By contrast, reports of individual events that are believed (e.g. by the participant or a doctor) to be caused by the intervention are much less informative due to the lack of a comparison with the incidence of the event in control group and the inherently imprecise judgement of causality. The exceptions are events that are rare in the types of people involved in the trial but known to be potentially strongly associated with particular interventions (e.g. anaphylaxis or bone marrow failure in association with drugs).
Harmful and beneficial effects of health interventions may have different impact or frequency, may have different time courses, and may occur in particular groups of individuals. Some interventions (e.g. surgery, chemotherapy) may be associated with little or even hazardous effect in the short-term but provide longer-term benefit.

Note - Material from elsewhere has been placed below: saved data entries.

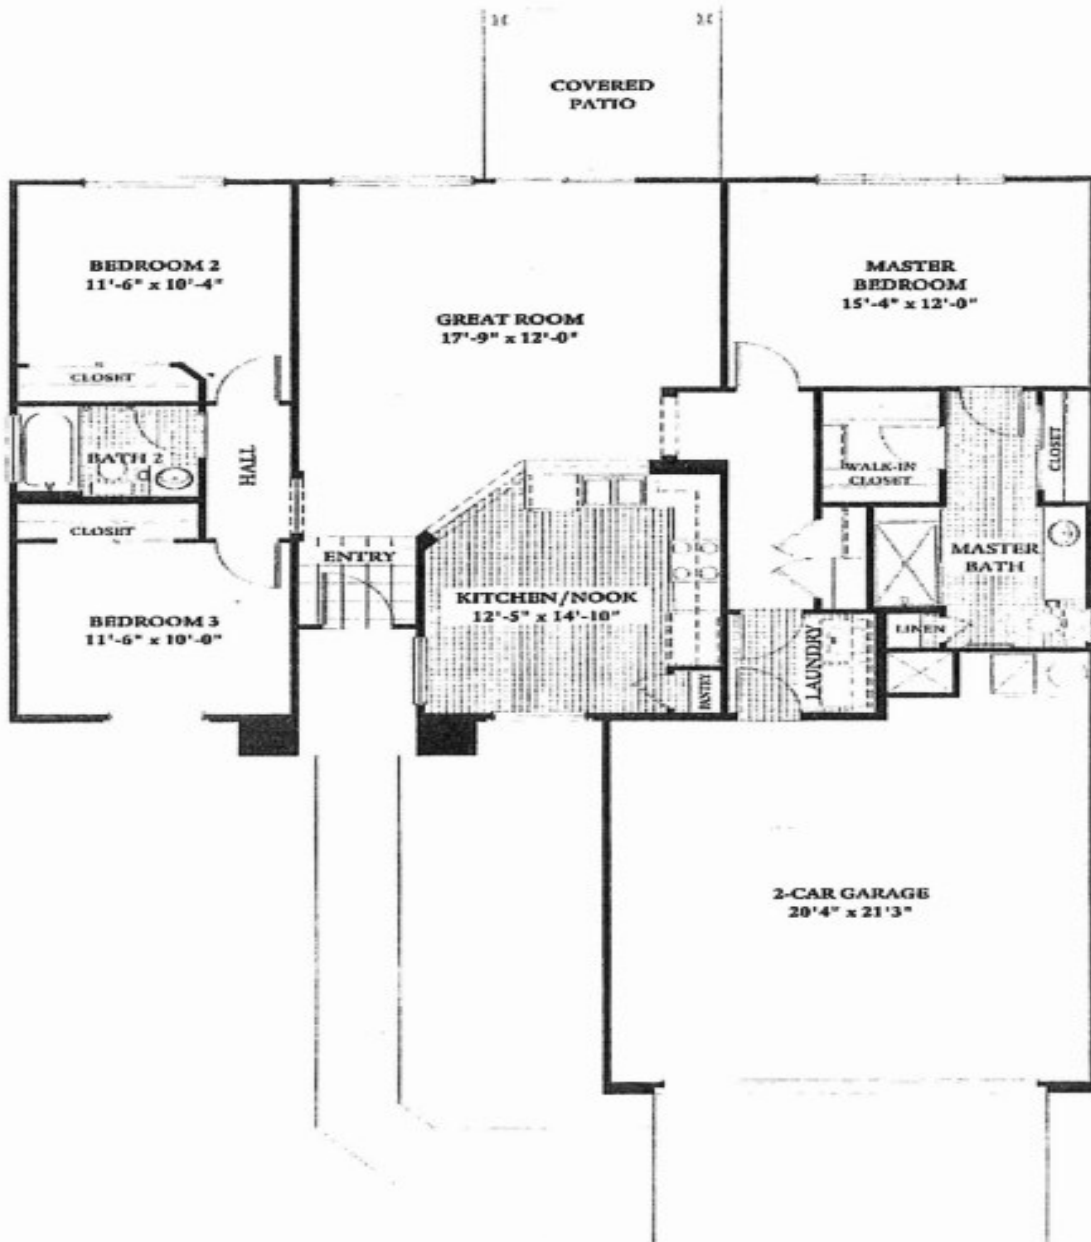

# Cactus Flower~Sun City Grand 1409sf. 3BR Split, 1.75BA

## The Cactus Flower Home Plan - 1,409 sq. ft.

**The Cascade Team**  
REALESTATE

Craig Rhodes~The Cascade Team

"Excellence in Customer Care"

[AZ-Homes-Online.com](http://AZ-Homes-Online.com)

It should also be recognized that for many interventions, the benefits may not be apparent on an individual basis, such as where a detrimental outcome has been prevented (e.g. a stroke or infection).
Key message: An independent Data Monitoring Committee (DMC) provides a robust means to evaluate safety and efficacy data from an ongoing RCT, including unblinded comparisons of frequency of particular events, without prematurely unblinding any others involved in the design, conduct, or governance of the trial. For many RCTs, particularly in earlier phase trials, the functions of a DMC could be provided internally but those involved should nonetheless be adequately firewalled from the trial team to ensure that awareness of results does not introduce bias, (or the perception of bias). Some trials may not require a DMC (e.g. if the trial is short-term and would not be modified regardless of interim data).
Why this is important: All those involved in the design, conduct and oversight of an ongoing RCT should remain unaware of the interim results until after the study conclusion so as not to introduce bias into the results (e.g. by stopping the trial early when the results happen by chance to look favourable or adverse). The requirement for, and timing and nature of, any interim analyses should be carefully considered so as not to risk premature decision-making based on limited data.
A DMC should include members with relevant skills to understand and interpret the emerging safety and efficacy data. A DMC should review analyses of the emerging data, unblinded to the randomized intervention group. The DMC should advise the RCT organisers when there is clear evidence to suggest a change in the protocol or procedures, including cessation of one or more aspects of the trial. Such changes may be due to evidence of benefit or, harm or futility (where continuing the trial is unlikely to provide any meaningful new information). In making such recommendations, a DMC should take account of both the unblinded analyses of the RCT and information available from other sources (including publications from other trials).